The batteries The Current Exchange is getting from a supplier in Georgia will give drivers a range of about 150 miles, but flooring the throttle and blasting the air conditioning will cut that number.
As well as being able to skip the gas pump, revived Porsches will gain speed, torque and some 21st century creature comforts like a Bluetooth-enabled radio, so drivers can connect their phones wirelessly.
And when battery technology improves, Palmer said, owners can swap out their old packs for new ones.
Besides a $100,000 loan the startup is seeking from Salt Lake City, The Current Exchange is self-funded by Palmer and Prouty.

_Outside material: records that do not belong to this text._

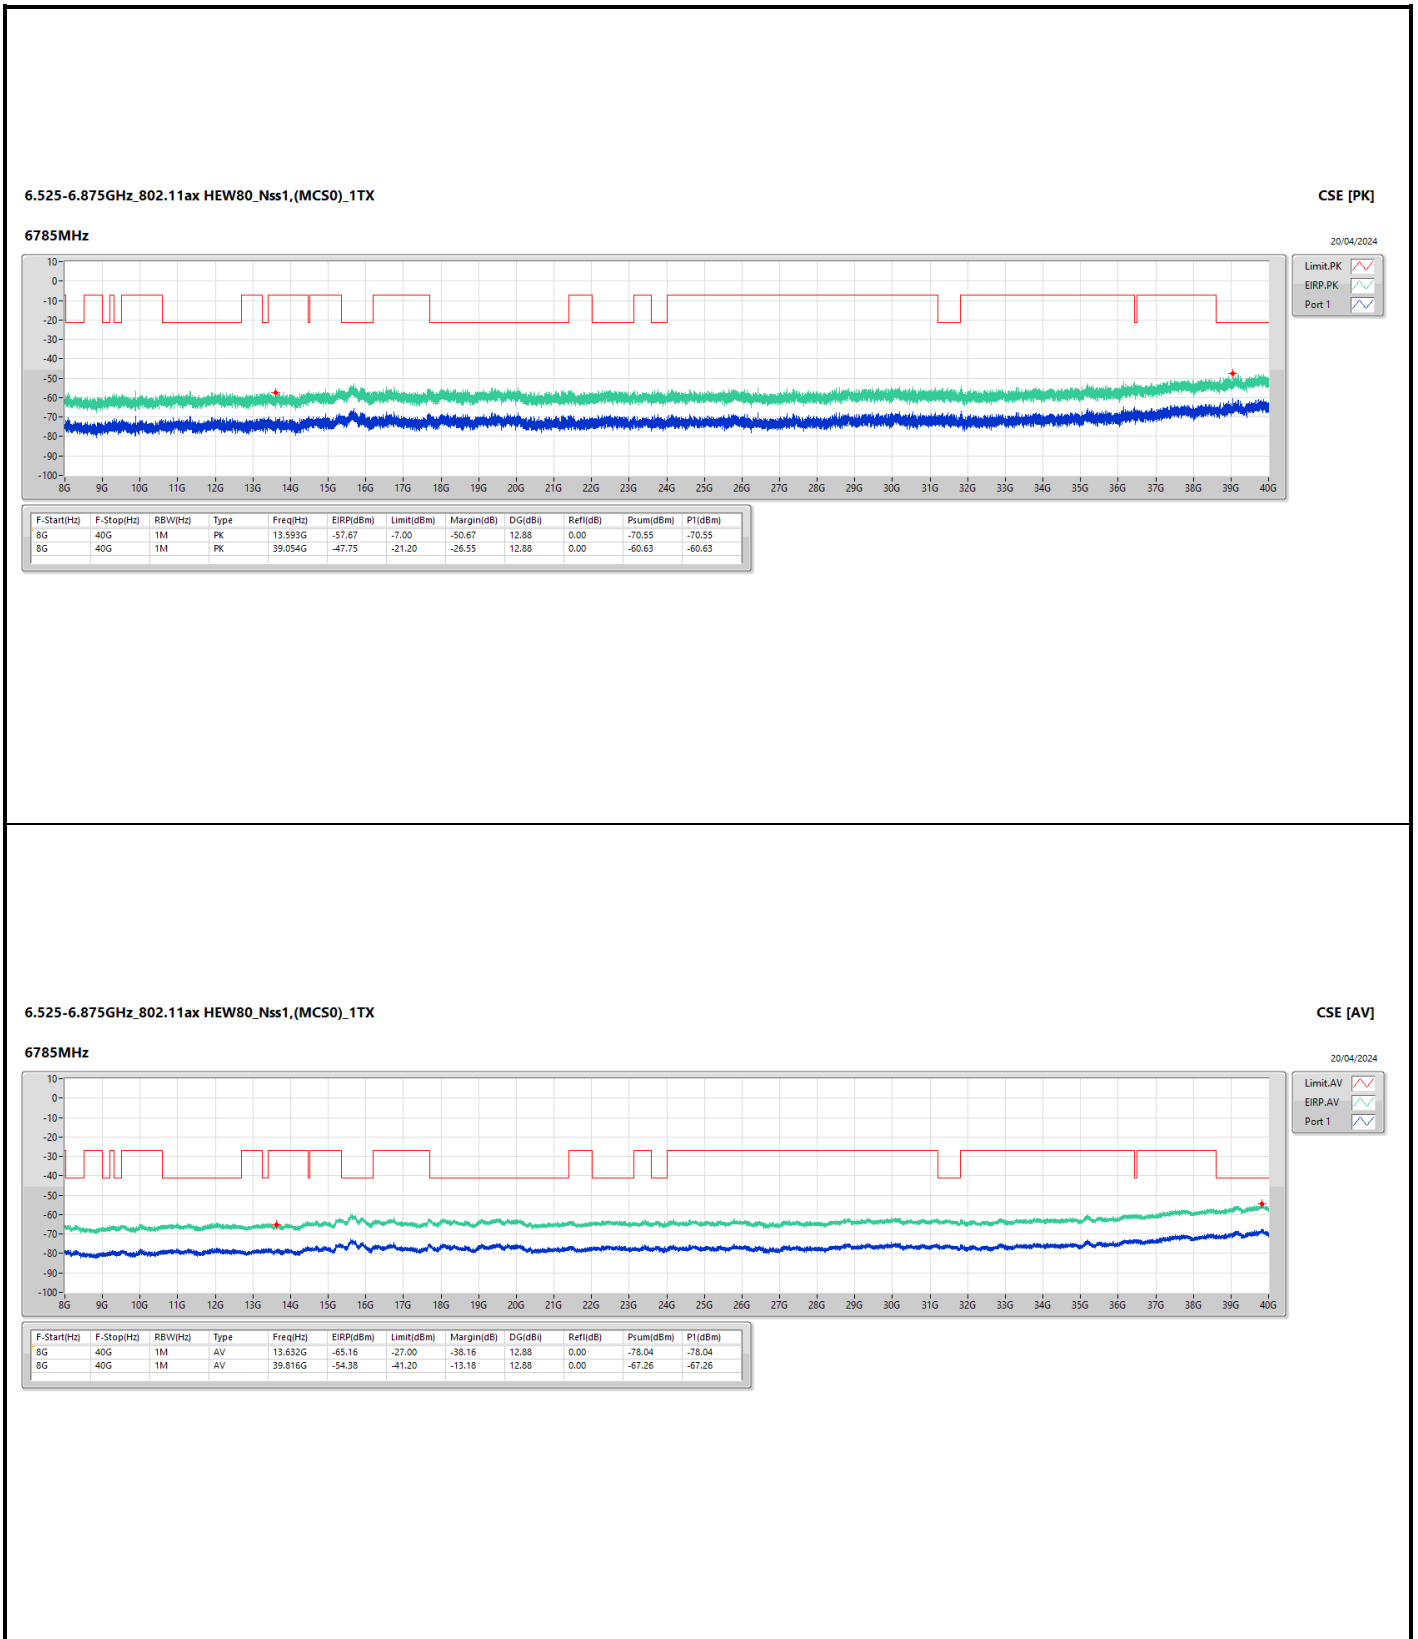

6.525-6.875GHz_802.11ax_HEW80_Nss1,(MCS0)_1TX

CSE [AV]

6705MHz

20/04/2024

Limit.AV
 EIRP.AV
 Port 1

F-Start(Hz)	F-Stop(Hz)	RBW(Hz)	Type	Freq(Hz)	EIRP(dBm)	Limit(dBm)	Margin(dB)	DG(dB)	Ref(dB)	Psum(dBm)	P1(dBm)
8G	40G	1M	AV	13.361G	-64.76	-41.20	-23.56	12.88	0.00	-77.64	-77.64
8G	40G	1M	AV	39.807G	-54.64	-41.20	-13.44	12.88	0.00	-67.52	-67.52
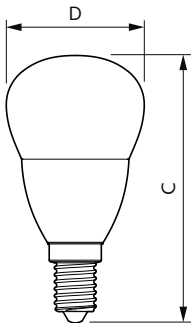

Abmessungsskizzen

Product	D	C
CorePro lustre ND 5-40W E14 827 P45 FR	45 mm	87 mm

Photometrische Daten

Light Distribution Diagram - CorePro lustre ND 5-40W E14 827 P45 FR

General uniform lighting - CorePro lustre ND 5-40W E14 827 P45 FR
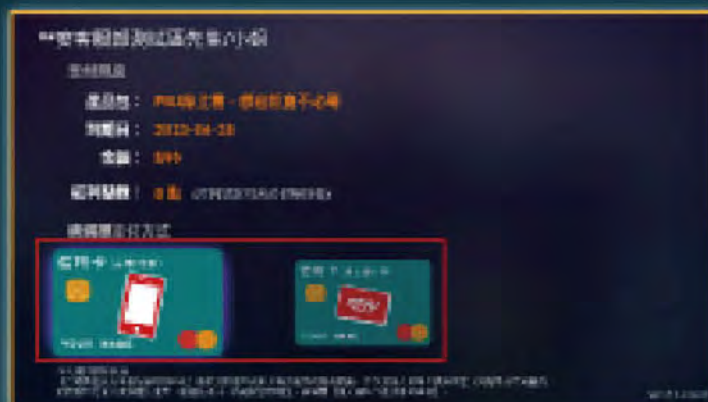

選擇你的VIP方案

刷卡付費更方便

Ibiza TV

成人 · 時尚 · 娛樂

台灣數位光訊科技集團
Taiwan optical platform

全館吃到飽

月繳 \$599

頻道加值服務流程(購買)教學

1. 選擇程式集—帳戶資訊

2. 選擇加值服務

3. 選擇要購買的頻道及方案

4. 選擇付款方式

信用卡付款

QR碼付款

多點愛

少負擔
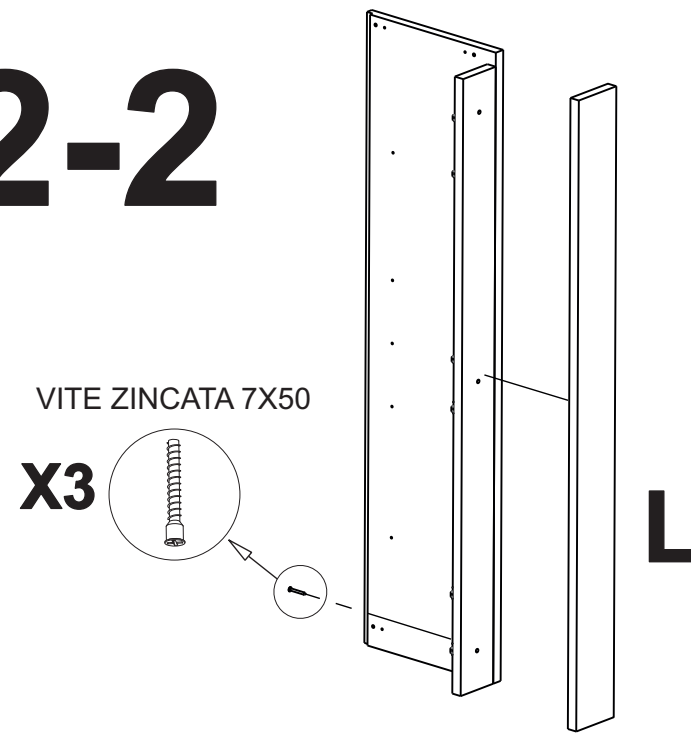

A	Base Base-base	(1)
B	Cappello Dessus-Top	(1)
C	Fianco Dx Cote droit - Right side	(1)
D	Fianco Sx Cote gauche - Left side	(1)
E	Schlenale Dos - Back	(1)
F	Zoccolo Socle Pinth	(1)
G	Ripiano Shelf - etagere	(2)
H	Fascia davanti per cappello Bande avant pour dessus Top frontal strip	(1)
I	Sportello in vetro Glass door - porte en verre	(1)
L	Fascia davanti fianco dx Bande avant pour cote droite Right side frontal strip	(1)
M	Fascia davanti fianco sx Bande avant pour cote gauche Left side frontal strip	(1)
N	Fascia per fianco dietro Bande derrier pour cote Side back strip	(2)
O	Ripiano in vetro Glass shelf - etagere en verre	(2)

Part.0

1-1

2-1

1-2

2-2

3

4

5

They plan to use the loan, which has yet to be approved by the city council, to purchase inventory.
And that inventory can be expensive. The car they are currently working on, for example, cost north of $60,000. Electric conversion kits add another $50,000.
When completed, The Current Exchange’s first car — which already has several potential buyers — will cost around $150,000.
The will to expand
Prouty hopes to continue to develop the product, hire locally and be part of the revitalization of the Ballpark area.
The company plans to stick to specializing in modernizing Porsches, for now, but plans to expand into converting other classic models in the coming years.
Over the next three years, Prouty said, The Current Exchange wants to add an SUV to its lineup, hire at least two technicians and bring in an in-house design engineer instead of a consultant.
Eventually, the company aims to increase production to one conversion per month.
Palmer and Prouty landed on electric vehicle conversions because they see a future in the business, which they say is still in its first wave in the United States.
They have always been car enthusiasts, but did not study automotive engineering when they attended Arizona State University together. Palmer, who has some experience in the automotive industry, took classes at Weber State University last year to prepare for a new career in electric vehicles.
At first, Palmer said, the two worried about pushback from Porsche purists. But the response has been positive, they said, and they even have Porsche enthusiasts on a waiting list for more information on getting a converted car.
The business of The Current Exchange is, after all, a continuation of something car junkies have been doing for decades.
“It’s hot-rodding,” Palmer said. “It’s about taking a small car and putting a bigger engine in it. It’s just an electric motor instead of a big V-8 engine.